米証券取引委員会(SEC)は、フィギュア・マーケッツが申請した利回り付きステーブルコインを承認した。この決定により、ユーザーは保有資産に対して利息を受け取ることが可能になる。これは、急成長するステーブルコイン市場に対するSECの柔軟な姿勢を示す動きだ。
SECのウェブサイトに掲載された申請書類によると、取引所運営企業フィギュア・マーケッツは、米ドルに連動するステーブルコインYLDSの発行許可を取得した。YLDSはSECに証券として登録され、年利3.85%の利回りを提供する。
フィギュア・マーケッツのマイク・キャグニーCEOは、Fortuneの取材に対し、SECへの申請は1年以上前に提出していたと明かした。
「このステーブルコインを保有し、自己管理でき、利息を受け取れて、さらに取引にも使えるなら、そもそも銀行が必要なのか?」とキャグニー氏は語っている。
フィギュア・マーケッツは米国で初めて利回り付きステーブルコインの承認を受けた企業だが、同様の動きを見せる企業は他にも存在する。
テザー共同創設者リーブ・コリンズ氏は今年後半に利回り付きの分散型ステーブルコインを発行する計画を進めている。
コリンズ氏のプロジェクト「Piプロトコル」では、ユーザーがステーブルコインを発行する代わりに、利回り付きトークンを受け取る仕組みを導入予定である。
ステーブルコイン規制の整備
米国の規制当局は、ステーブルコイン市場の急拡大を受け、業界に適した規制の策定を優先事項としている。
S&Pグローバルのレポートによると、米国の規制当局は、準備資産の管理、透明性、従来の金融システムとの統合、管轄権の断片化など、ステーブルコインに関連する多くの問題に対応しなければならない。
欧州連合(EU)、香港、シンガポールなどは、ステーブルコインに関する包括的な規制枠組みを整備する動きを加速させている。一方で、米国はこうした国々に遅れを取る可能性が指摘されている。

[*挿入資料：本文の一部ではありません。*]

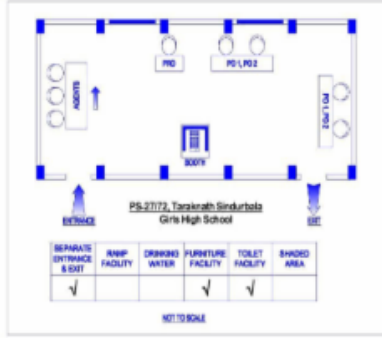

Nazri Naksha

Google Map View

ステーブルコイン(オレンジ色)の爆発的な成長 Source: S&P Global
2月5日、共和党のフレンチ・ヒル議員とブライアン・スタイル議員は、ステーブルコイン発行者向けの明確な規制ガイドラインを提供することを目的とした「STABLE法案」の草案を提出した。しかし、元商品先物取引委員会(CFTC)委員長のティモシー・マサド氏は、この法案について「初期段階としては評価できるが、いくつかの重要な点が欠けている」と指摘した。
マサッド氏は2月11日にワシントンD.C.で開催された下院小委員会の公聴会で、「STABLE法案には、トークンの全額準備金や発行者の活動制限など、支持できる要素が多く含まれているが、依然として不十分な点が多い」と語った。